*WORK TO COMPLETE*
Copy whichever lines of the data hold the word "DALI".
══════════════════════════════
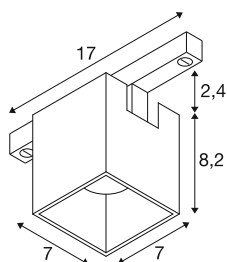

FIX-IT!

48V, DALI, Square, Surface mounted track, Spot, 2700K, 6.6 W, 36°, Black/Black

Discover maximum variety and modern design with the new FIX-IT! 48V spotlights for the SLV 48V track system. These decorative, direct spotlights set new standards in interior lighting and offer countless design options. The FIX-IT! series is compatible with the deep and standard 48V mounting tracks from SLV. The versions with 2,700 K or 3,000 K bring warm light and impressive energy efficiency into any room. With the Dim-to-Warm variants (2,000 K-3,000 K), the FIX-IT! spots offer even more possibilities, for cosy lighting moods. The spotlights also offer a sustainable lighting solution with a service life of 50,000 hours. The FIX-IT! Spotlights are not only technically impressive, but also visually: the compact design ensures an elegant overall appearance. They are available in the timeless colour combinations black/black, white/black, gold/black, and bronze/black. Furthermore, the different designs - round or square - and the interchangeable coloured decorative inserts offer further customisation options. Experience the perfect combination of high-quality lighting and creative freedom - FIX-IT! opens up new horizons in lighting design.

TECHNICAL DATA

Item no.	1008982
Number of different light outlets	1
IP Code	IP20
Assembly details	Ceiling
Dimmable	Yes
Dimming technology	DALI 2
Primary nominal voltage	48DC
Secondary power / voltage	175 mA
Safety class	III
Wattage	6.6 W
Minimum ambient temperature	-20 °C
Maximum ambient temperature	40 °C
Lumen	800 lm
Colour temperature	2700 Kelvin
Beam angle	36 °
Color	black/black
CRI	90
UGR ≤	16
Service life	50000 h
Risk Group	1
Length	7 cm
Width	7 cm

Height	8.2 cm
Net weight	0.27 kg
Gross weight	0.3 kg
BIG WHITE Page	505
══════════════════════════════
*WRITTEN SOLUTION*
48V, DALI, Square, Surface mounted track, Spot, 2700K, 6.6 W, 36°, Black/Black
Dimming technology	DALI 2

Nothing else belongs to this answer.